TO STUDY THE ANATOMICAL VARIATION ENCOUNTERED DURING ENDOSCOPIC DACRYOCYSTORHINOSTOMY

Main Article Content

Dr. Ravi Ganeshkar
Dr. Shrikant Mahalle
Dr. Anil Patil

Keywords

Dacryocystorhinostomy, endoscopic, nasolacrimal, success rate, nasal septum, sac localization.

Abstract

Background: Endoscopic DCR (EnDCR) has emerged as a minimally invasive alternative to external DCR, offering superior visualization and cosmetic outcomes. The present analysis aims to evaluate the anatomical variations encountered during the EnDCR.

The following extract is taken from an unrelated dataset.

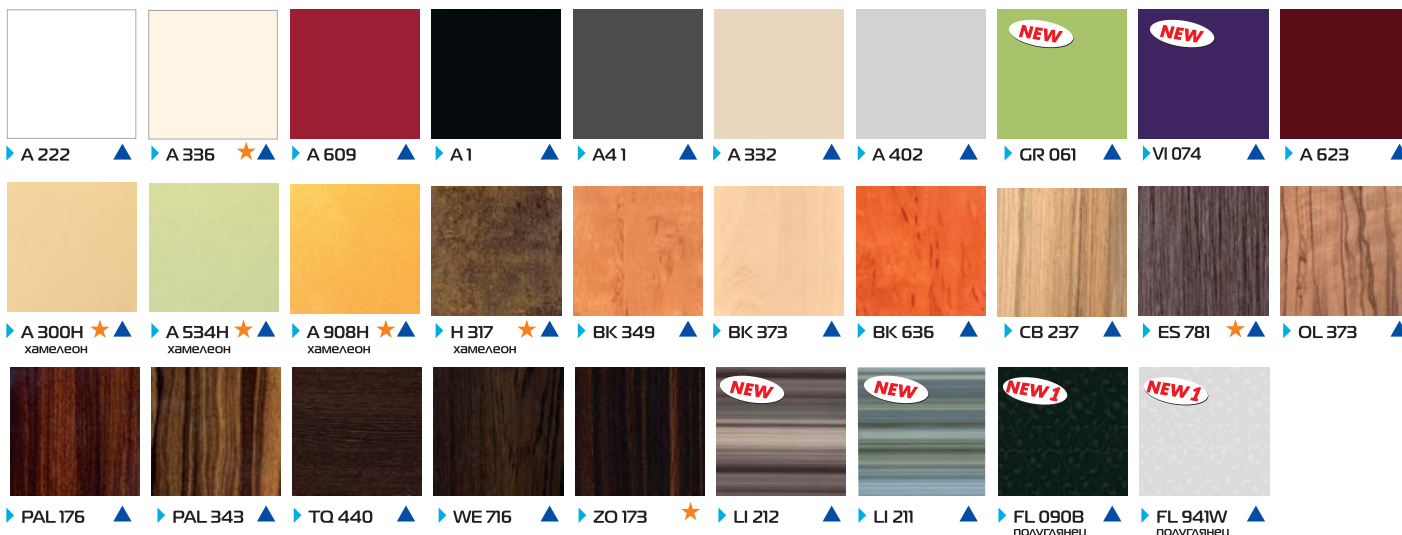

2. ФАСАДНОЕ ПОЛОТНО «ГЛЯНЕЦ» 4100 x 1220 x 17,6 мм

NEW 3650 x 1220 x 17,6 мм   **NEW 1** 3050 x 1220 x 17,6 мм

3. ФАСАДНОЕ ПОЛОТНО «МАТОВОЕ» 4100 x 1220 x 17,4 мм

NEW 3650 x 1220 x 17,6 мм

Methods: A prospective observational study on 70 participants was conducted to assess the effectiveness and safety of EnDCR. The surgical success rate, intraoperative anatomical variations, and pre-, intra-, and postoperative complications were recorded. Adjunct nasal surgeries were performed as needed to address anatomical obstructions.


Results: EnDCR achieved a high success rate of 97.14% at six weeks postoperatively. Complication rates were low: preoperative (8.57%), intraoperative (31.43%), and postoperative (4.29%). Common anatomical variations included gross deviated nasal septum, concha bullosa, and thick lacrimal bone, necessitating procedures such as septoplasty or partial turbinectomy in selected cases. Surgical success was attributed to accurate sac localization, adequate bone removal, full sac marsupialization, and mucosal apposition. Postoperative nasal irrigation was emphasized to prevent neo-ostium obstruction.


Conclusion: EnDCR is safe, and cosmetically superior approach for managing nasolacrimal duct obstruction. Success is enhanced by addressing anatomical variations, ensuring wide osteotomy and complete sac exposure, and promoting primary intention healing through mucosal alignment and postoperative care.